* About this exercise
I need the lines below from the one with "# TADEUSZ 16" down to the one with "W PRZYPADKU REKLAMACJI" reproduced exactly, both ends included, and nothing else.

* Available data

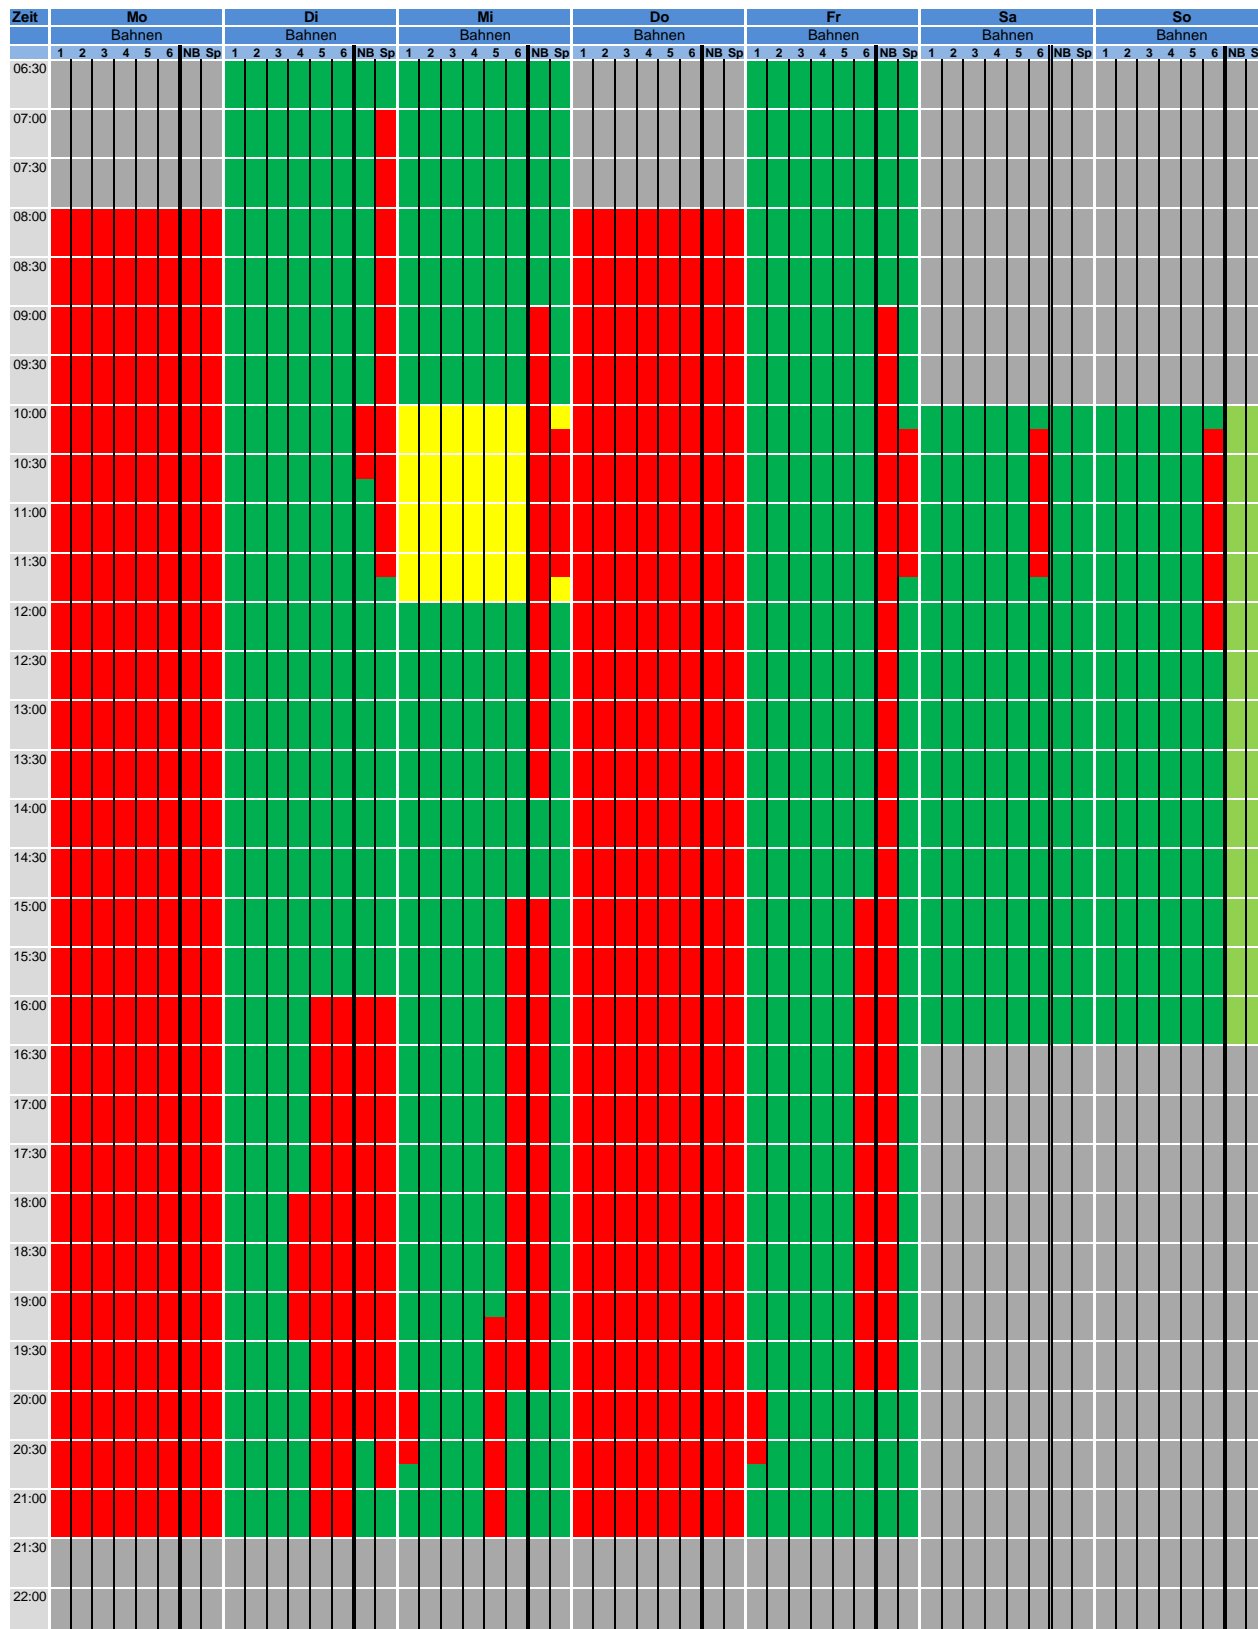

- es kann auf voller Bahnlänge geschwommen werden
- Bahnen sind anderweitig belegt ( z.B. Schulschwimmen, Vereine, Kurse)
- kein Badebetrieb
- Spiel- und Spaßbaden
- Senioren und Schwangere

NB = Nichtschwimmerbecken  
 Sp = Sprungbecken  
 Bahn 6 Fensterseite
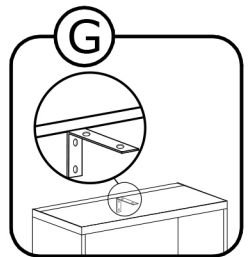

# TADEUSZ 16

Nr	D[mm]	S[mm]	G[mm]	
1	440	400	32	1
2	405	352	16	1
3	475	405	16	1
4	475	405	16	1
5	352	80	16	1
6	420	380	2,5	1
7	296	150	16	2
8	400	150	16	2
9	400	150	16	2
10	382	190	16	2
11	405	323	2,5	2

I

II

III

40X 

IV

PL

**UWAGA!!!**

MONTOWANIE USZKODZONYCH ELEMENTÓW POWODUJE UTRATĘ GWARANCJI

**UWAGA!!!**

MEBEL ZAWIERA ELEMENTY DREWNIANE

W PRZYPADKU REKLAMACJI PROSZĘ PODAĆ NUMER PAKOWACZA ZNAJDUJĄCY SIĘ NA KARTONIE  
ODCIĘŃ DREWNA I UKŁAD SŁOI MOGĄ NIEZNACZNIE ODBIEGAĆ  
OD PREZENTOWANYCH NA ZDJĘCIACH KATALOGOWYCH

* Exercise solution
# TADEUSZ 16

Nr	D[mm]	S[mm]	G[mm]	
1	440	400	32	1
2	405	352	16	1
3	475	405	16	1
4	475	405	16	1
5	352	80	16	1
6	420	380	2,5	1
7	296	150	16	2
8	400	150	16	2
9	400	150	16	2
10	382	190	16	2
11	405	323	2,5	2

I

II

III

40X 

IV

PL

**UWAGA!!!**

MONTOWANIE USZKODZONYCH ELEMENTÓW POWODUJE UTRATĘ GWARANCJI

**UWAGA!!!**

MEBEL ZAWIERA ELEMENTY DREWNIANE

W PRZYPADKU REKLAMACJI PROSZĘ PODAĆ NUMER PAKOWACZA ZNAJDUJĄCY SIĘ NA KARTONIE  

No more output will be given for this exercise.